If you want to deal with inexperienced baristas, astronomical prices and confusing drink sizes, all to buy an average tasting coffee, go to Starbucks.

If it is your first time at Starbucks, the system will be baffling.

Instead of using the standard sizes ­— small, medium, and large ­— Starbucks uses tall, grande and venti.

At any other coffee chain, all of these names mean large. At Starbucks they seem to mean small, slightly bigger than small, and huge. The portions require fixing.

Following customer instructions does not seem to be part of a Starbucks’s employee’s job description.

If you ask for light ice in your drink, the barista will fill the cup with ice. You won’t fully enjoy your drink because the melting ice washes the flavor away.

Starbucks employees are bright and cheerful and always ask for your name. Then they seem to forget it and make up a name that sort of sounds like the one you gave them.

They don’t ask you to remind them what your name is.
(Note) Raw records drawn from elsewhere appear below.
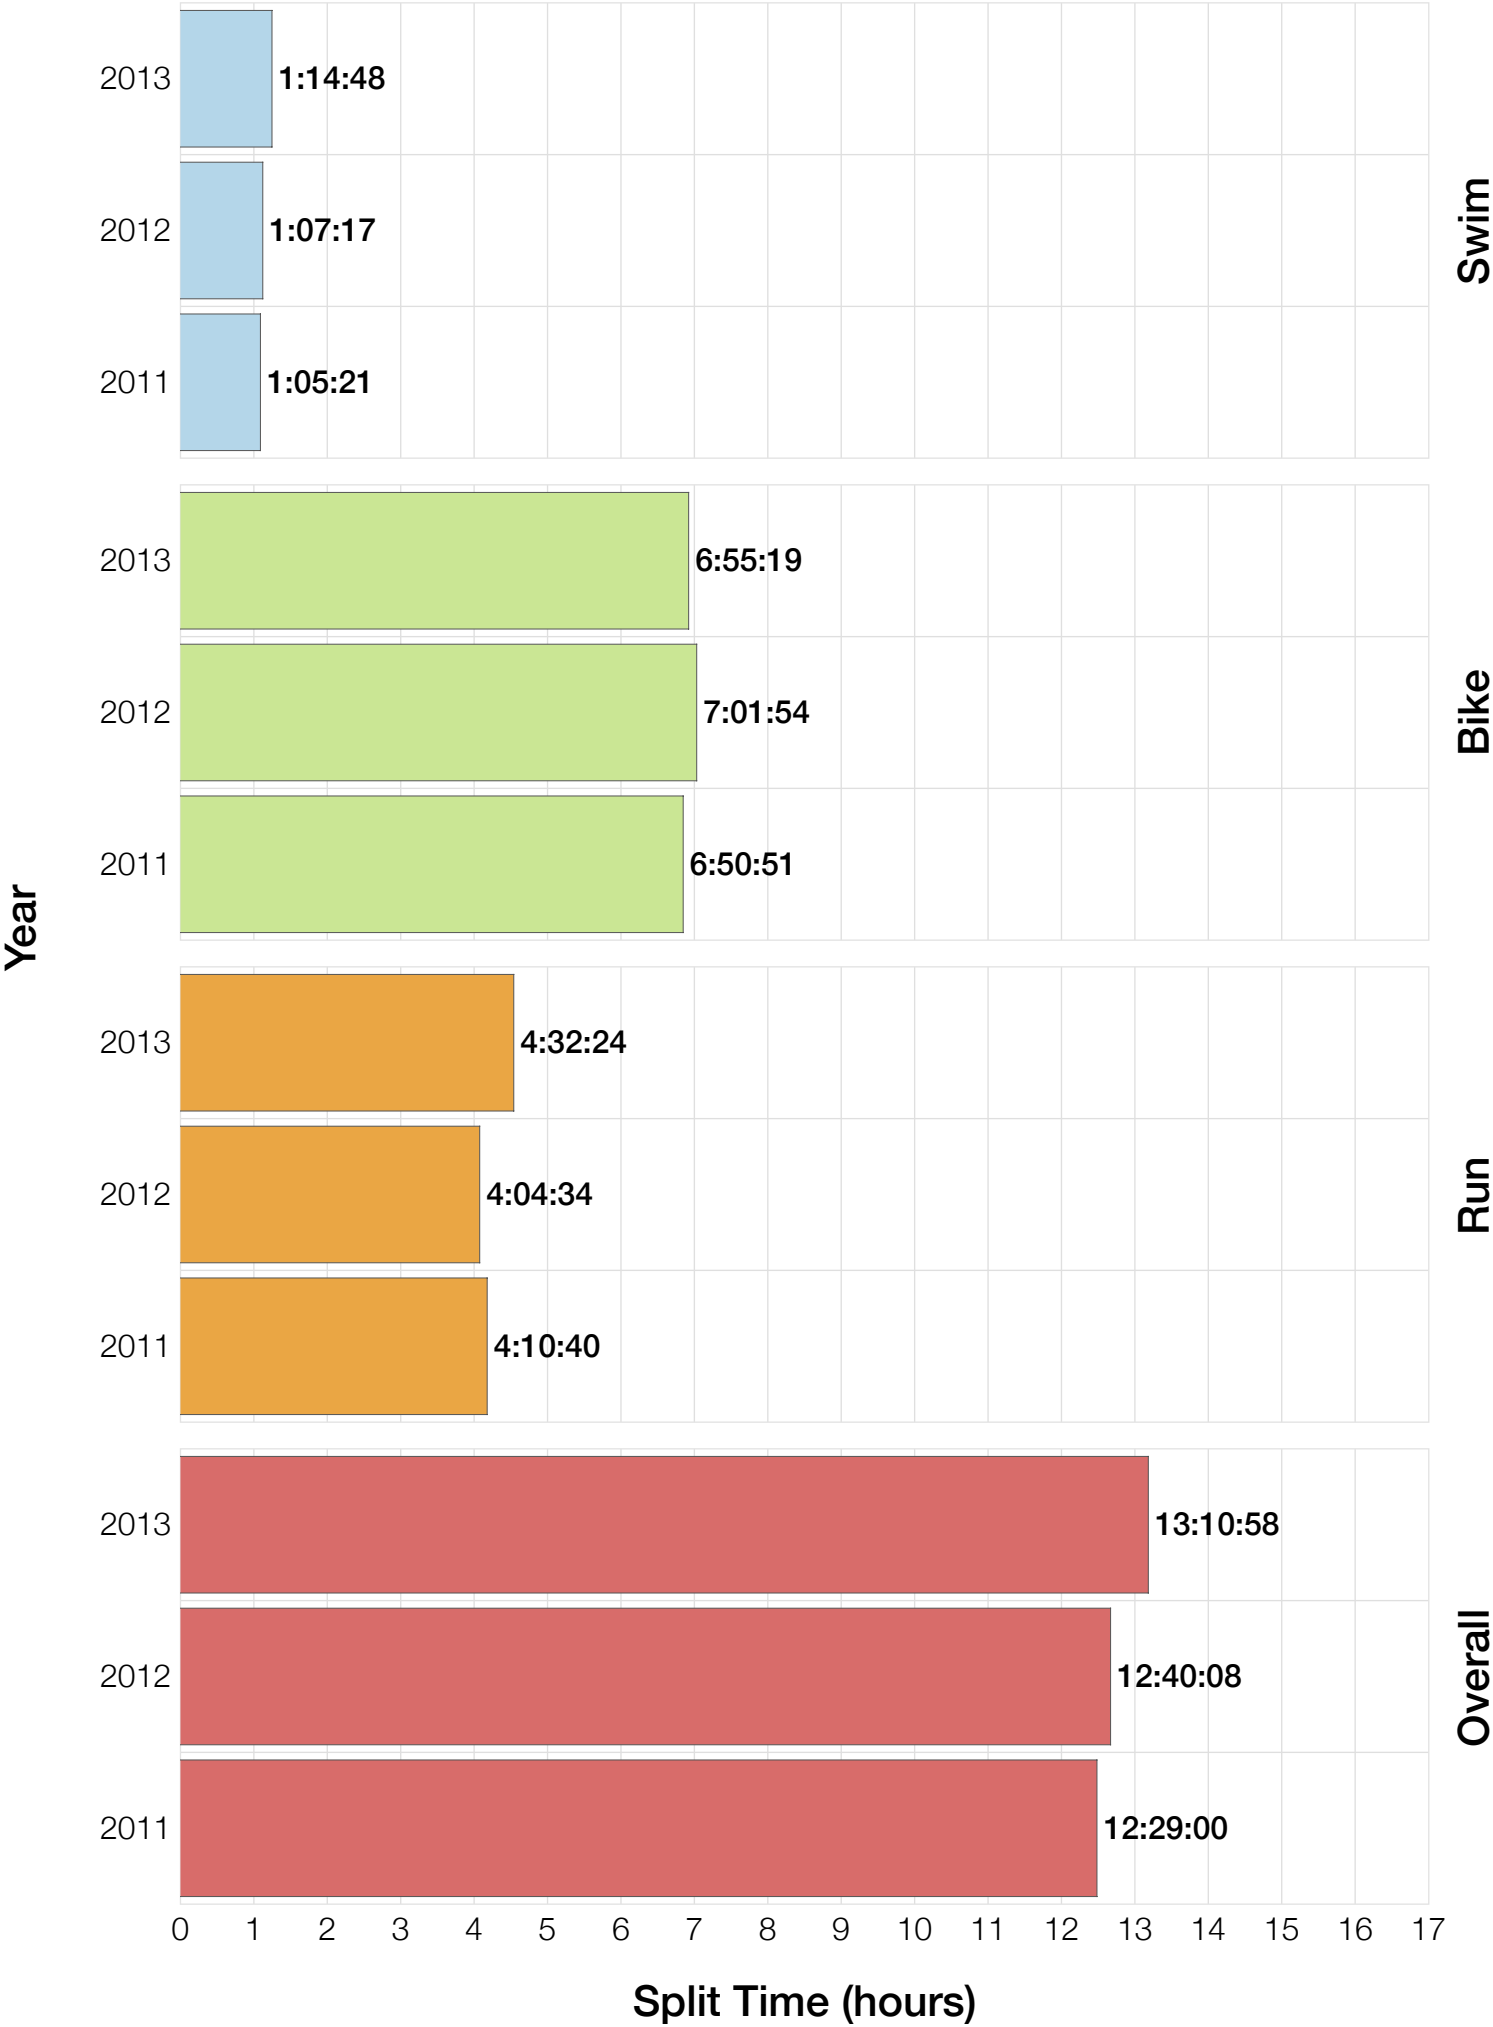

Ironman Wales M30-34 Stats

M30-34 Summary Statistics

Year	Finishers	M30-34 Finishers	Male Winner's Time	Female Winner's Time	M30-34 Winner's Time
2011	1122	184	9:04:20	10:15:23	9:28:57
2012	1215	208	8:52:43	9:45:09	9:24:26
2013	1280	230	9:09:10	9:51:21	9:43:16
Average	1206	207	9:02:04	9:57:17	9:32:13

M30-34 Swim

M30-34 Bike

M30-34 Run

M30-34 Overall

M30-34 Fastest Splits

M30-34 Median Splits

M30-34 Slowest Splits

M30-34 Top 30 Finishing Splits

Estimated Kona Slot Average Finishing Time Finishing Time

M30-34 Top 10 and Kona Times and Splits

Summary Statistics

Position	Swim Time	Bike Time	Run Time	Overall Time
Average Male Winner	0:46:48	5:12:39	2:54:25	9:02:04
Average Female Winner	0:56:52	5:37:54	3:12:18	9:57:17
Average 1st Age Grouper	0:57:07	5:24:55	3:04:24	9:32:13
Average 2nd Age Grouper	0:54:54	5:20:31	3:13:35	9:39:12
Average 3rd Age Grouper	0:59:01	5:33:10	3:09:14	9:51:44
Average 4th Age Grouper	0:56:09	5:35:53	3:14:11	9:57:50
Average 5th Age Grouper	0:56:33	5:40:06	3:15:39	10:02:38
Average 6th Age Grouper	0:55:29	5:36:00	3:22:54	10:05:37
Average 7th Age Grouper	0:58:29	5:38:42	3:18:47	10:08:55
Average 8th Age Grouper	0:59:22	5:35:26	3:27:53	10:10:40
Average 9th Age Grouper	0:53:54	5:44:44	3:19:59	10:10:56
Average 10th Age Grouper	1:02:25	5:47:56	3:11:47	10:13:56
Kona Qualifier Average	0:56:30	5:32:10	3:13:51	9:51:32
Top 10 Age Grouper Average	0:57:16	5:36:06	3:16:14	9:59:22

This amnesia slows customers down. If you stop at Starbucks before class you might still be late because you will stand around for 15 minutes before you realize the barista was calling the name he or she thought you gave.

The bucks part of Starbucks is accurate.

If you walk in to buy your morning coffee, you will leave at least $4 poorer every day. You can make better coffee at home for a tenth of the cost.

There is a lack of organization between separate Starbucks locations.

In theory, the company has a secret menu that you can order from, but half of the time the employee denies the secret menu exists.

While you may occasionally have a positive experience at Starbucks, most of your visits will require you to endure a multitude of inconveniences for a subpar cup of coffee.